WHAT YOU HAVE TO DO: Let the output be exactly the lines from the one containing "Gencode 4966376145454" through the end of the records below, both included.

INPUT DATA:
=== Section Start ===
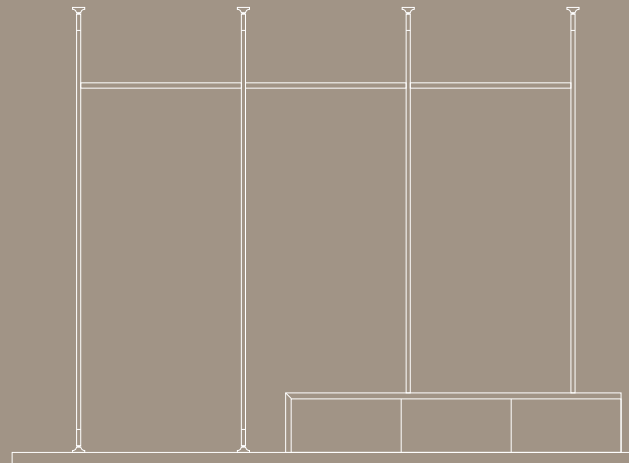

- 7032754 round foot / pied rond
- 7020254 profil 2,9m / profil 2,9m
- 7031654 support for hanging rail / support pour rail de suspension
- 7102154 hanging rail / rail de suspension

If you scan this **QR Code** with your mobile phone, you can see what it looks like in your home with augmented reality. Si vous scannez ce **QR** avec votre téléphone portable, vous pourrez voir à quoi il ressemble dans votre maison grâce à la réalité augmentée.
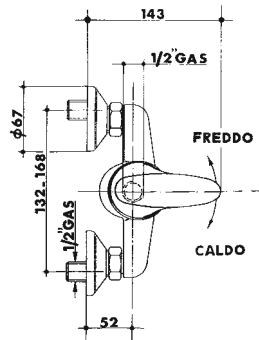

2861

codice   **finitura**

- 2861 12 I cromato - chrome
- 2861 V 12 W I bianco-cromato - white-chrome
- 2861 R 12 I cromato-ottolato - chrome-brass

miscelatore monocomando per doccia esterno a parete.

wall mounted single lever shower mixer.

2859

codice   **finitura**
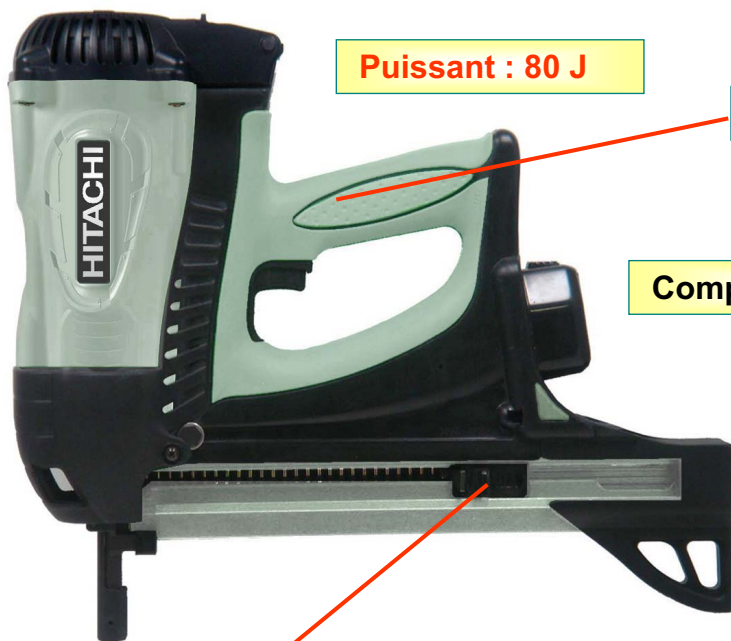

## Cloueur gaz Maçonnerie 80 Joules 7,2 V 1,4 Ah NiCd

Clous en barette plastique de 15 à 40 mm

Réf. **NC 40G** Disponible *Nouveauté*

Gencode 4966376145454

**Léger : 3.7 Kg**

Centre de gravité au niveau de la poignée  
=> moins de fatigue

**1 cartouche gaz  
= 1200 tirs**

**Puissant : 80 J**

**Poignée caoutchoutée**

Confortable et antidérapante

**Compact & équilibré**

**Batterie 7,2 V x 2  
Temps de charge : 1h**

**clous : Ø 2,6 mm  
L.15 à 40**

### Polyvalent pour toutes vos applications MULTI-MATERIAUX

- ✓ Puissance constante 80 joules
- ✓ 3000 Tirs par cycle batterie
- ✓ Temps de charge environ 60 min
- ✓ Voyant de charge batterie
- ✓ Magasin ouvert pour visualiser la réserve de clous
- ✓ Chargement des clous facile et rapide en 2 actions
- ✓ Élément de contact pour travail séquentiel
- ✓ Interrupteur séquentiel
- ✓ Ergonomique, très bien équilibré, confort d'utilisation poignée caoutchoutée
=== Section End ===
EXPECTED ANSWER:
Gencode 4966376145454

**Léger : 3.7 Kg**

Centre de gravité au niveau de la poignée  
=> moins de fatigue

**1 cartouche gaz  
= 1200 tirs**

**Puissant : 80 J**

**Poignée caoutchoutée**

Confortable et antidérapante

**Compact & équilibré**

**Batterie 7,2 V x 2  
Temps de charge : 1h**

**clous : Ø 2,6 mm  
L.15 à 40**

### Polyvalent pour toutes vos applications MULTI-MATERIAUX

- ✓ Puissance constante 80 joules
- ✓ 3000 Tirs par cycle batterie
- ✓ Temps de charge environ 60 min
- ✓ Voyant de charge batterie
- ✓ Magasin ouvert pour visualiser la réserve de clous
- ✓ Chargement des clous facile et rapide en 2 actions
- ✓ Élément de contact pour travail séquentiel
- ✓ Interrupteur séquentiel
- ✓ Ergonomique, très bien équilibré, confort d'utilisation poignée caoutchoutée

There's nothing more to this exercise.